まず、軽やコンパクトカーの安い緊急自動ブレーキでは、人や自転車には対応出来ません。
これは、電波が反射しない柔らかい物(人や動物)、小さい物には反応しないからです。
カメラを併用して、人を認識出来るシステムであれば人に対して衝突回避します。
そして、多くの車種では作動速度が5~30km/hです。
これは、国交省が30km/h以下でと指導しているため。
一部、高機能装備の車種ではベンツなど250km/hまで対応しています。
これだと60km/hで走っていると、緊急自動ブレーキは作動しないじゃないか?となりますが、ぶつかりそうになったら誰だってとっさにブレーキを踏むでしょう。
そうすれば、30km/h以下に速度は落ちるので作動するという仕組み。
衝突試験の速度が55km/hなのも、高速道路で100km/hのノーブレーキで壁に垂直に突っ込む事故はあり得ない、ということから。

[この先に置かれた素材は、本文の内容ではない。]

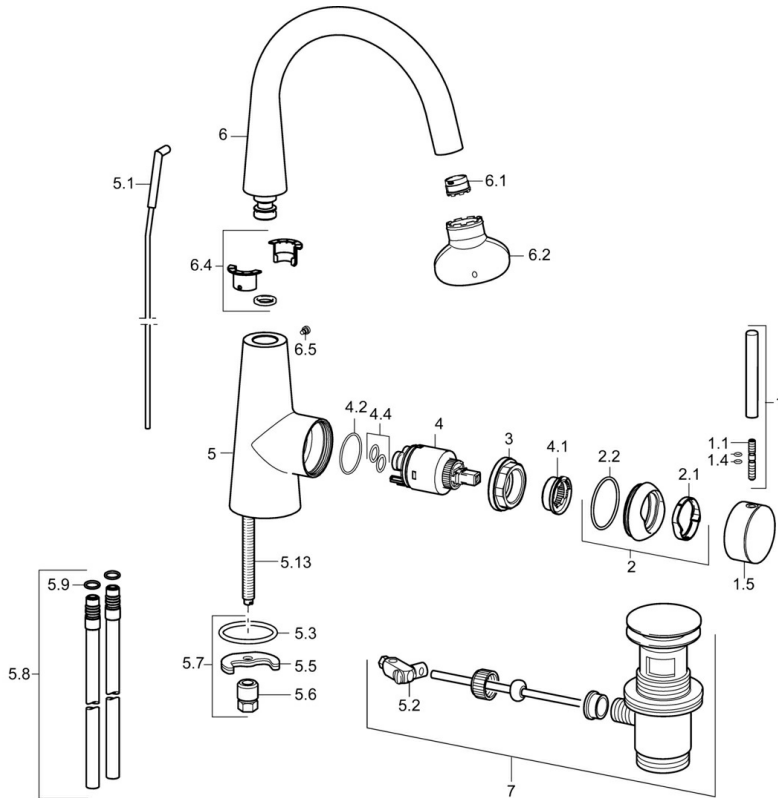

EAN: 4015474194304
static.hansa.com/51492178

- Washbasin
- Single-lever, side operated
- Deck mounted
- Chrome

Technical data

Technical properties

Hot water supply	max. +80°C
Working pressure	0.5-10 bar

Spare parts

SP51032173

	Name	Code
1	Lever, 70 mm	59913331
1.1	Screw, M5x35	59913299
1.4	O-ring, d 3x1.5	59913100
1.5	Cap	59913328
1.5	Cap Black Discontinued	59913329
1.5	Cap White Discontinued	59913330
2	Covering cap	59913364
2.1	Bearing ring	59913363
2.2	O-ring, d 38x2	59913212
3	Screw, M42x1, SW34	59913365
4	Cartridge, 3.5 Eco	59912324
4	Cartridge, 3.5 Classic	59913075
4.1	Temperature adjustment limiter	59912325
4.2	O-ring, d 28.24x2.62 Discontinued	59912590
4.4	O-ring, d 10.10x1.60 Discontinued	59905072
5.1	Lever for pop-up waste	59913362
5.2	Swivel joint	59904624
5.3	O-ring, d 36.09x d 3.53	59913396
5.5	Fixing plate	59904765
5.6	Screw, M8x1, SW13	59904766
5.7	Fixing set	59910749
5.8	Coupling pipe, L=430, M10x1	59912550
5.9	O-ring, 9x2	59905095
5.13	Fixing screw, M8x1, L=140	59912474
6	Spout	59913456
6.1	Aerator, M18.5x1, TJ	59913366
6.2	Key for aerator, M18.5	59913367
6.4	Sealing kit	59911884
6.5	Screw, M4x7	59902075
7	Pop-up waste	59911441
N.I.	Key, SW30/34	59912108
N.I.	Flexible pipe, L=500, G3/8-M10x1	59911767

少なからず、衝突の前にはブレーキを踏んでいるのです。
居眠りなんかで60km/hのノーブレーキで突っ込むことは、大半のモデルでは対応出来ません。
一部のオートクルーズでは、前走車に合わせて減速して停止まで出来ますけども、これもお金次第ということ。

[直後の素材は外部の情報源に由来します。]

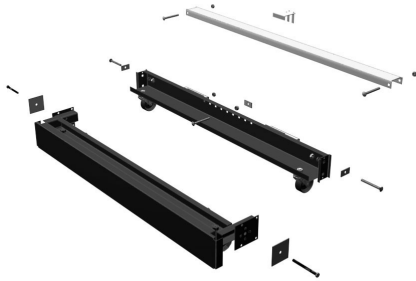

| You are in: [Lozier](#) > [Products](#) > [Mobile Wall End Display Kit](#)

Mobile Wall End Display Kit

Part Number: **MWEK**

Product Details:

- Converts WED or CED into Mobile Wall End Display
- Mobile Wall End is NOT to be used as a freestanding unit. It must be bolted to a Mobile Gondola using the hardware provided
- Evenly distributed load of 500 lbs on End Cap

INCLUDES

- 1 Mobile Gondola Top Cap
- 1 Mobile Gondola Carriage
- 1 Mobile Wall End Carriage
- 1 Wall End Positioner Bracket for Top Cap

ORDERING INSTRUCTIONS

- Order WED or CED separately
- Delete Closed Base Fronts
- Order Kit Below

Product Options and Numbers

Example Part #: **MWEK 4 LB L PLT CHR**

Mobile Wall End Kit: MWEK

Width: 2', 30", 3', 4'

Base Height: **LB**

Locking Caster: **L**

Top Cap Standard Finish: **PLT**, Optional Catalog Colors

で、カメラ認識タイプで高機能モデルの場合ですが、 ・動物に対して 犬猫などの小動物ははねるようにプログラムされています、対して幼児などの子供は区別して止まります。
これは責任問題になるからカタログには記載されていませんが、そうなっているとされています。
・飛び出し、落下物 カメラで認識している以上、急にカメラフレームにインする物体に対しては、認識処理が間に合いません。

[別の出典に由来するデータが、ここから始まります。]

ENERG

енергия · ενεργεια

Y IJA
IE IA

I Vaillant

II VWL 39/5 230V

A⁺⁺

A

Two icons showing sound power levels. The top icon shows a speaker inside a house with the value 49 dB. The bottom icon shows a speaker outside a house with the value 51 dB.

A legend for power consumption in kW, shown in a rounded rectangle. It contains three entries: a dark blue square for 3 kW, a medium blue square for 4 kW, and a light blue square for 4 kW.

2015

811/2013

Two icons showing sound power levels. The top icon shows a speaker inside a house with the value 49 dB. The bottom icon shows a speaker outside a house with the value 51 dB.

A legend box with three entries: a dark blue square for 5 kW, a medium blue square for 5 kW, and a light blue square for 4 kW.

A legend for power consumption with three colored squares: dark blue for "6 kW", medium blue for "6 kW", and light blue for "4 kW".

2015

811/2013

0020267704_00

つまり、道路脇からの飛び出しやカーブ(交差点)の先に停車している車両や歩行者などは、反応が間に合わないということ。
一部、ベンツやスバルなどのシステムでは、飛び出しに対しては予測演算を行なっている物があります。
一度カメラに写った物体を、次の瞬間飛び出してくることをコンピューターが予測して対処しています。
緊急ブレーキの作動に対して、後続車が追突する可能性に関してですが、それは全て後続車の責任です。
前走車は危険を回避するために急ブレーキで停止したわけで、後続車もこの危険を察知して回避する義務があるからです。
つまりは、車間距離を空けていなかったり、周囲の道路状況から危険予測をしていないなど、かなりの過失があるわけです。
後続車も、緊急ブレーキが付いていれば避けられたかも…となるわけです。
これからは好むと好まざるとに関わらず、安全装備は付いていないと話にならない、というわけ。
緊急自動ブレーキはすでにEUとアメリカでは義務づけ、バックカメラもアメリカでは義務づけとなります。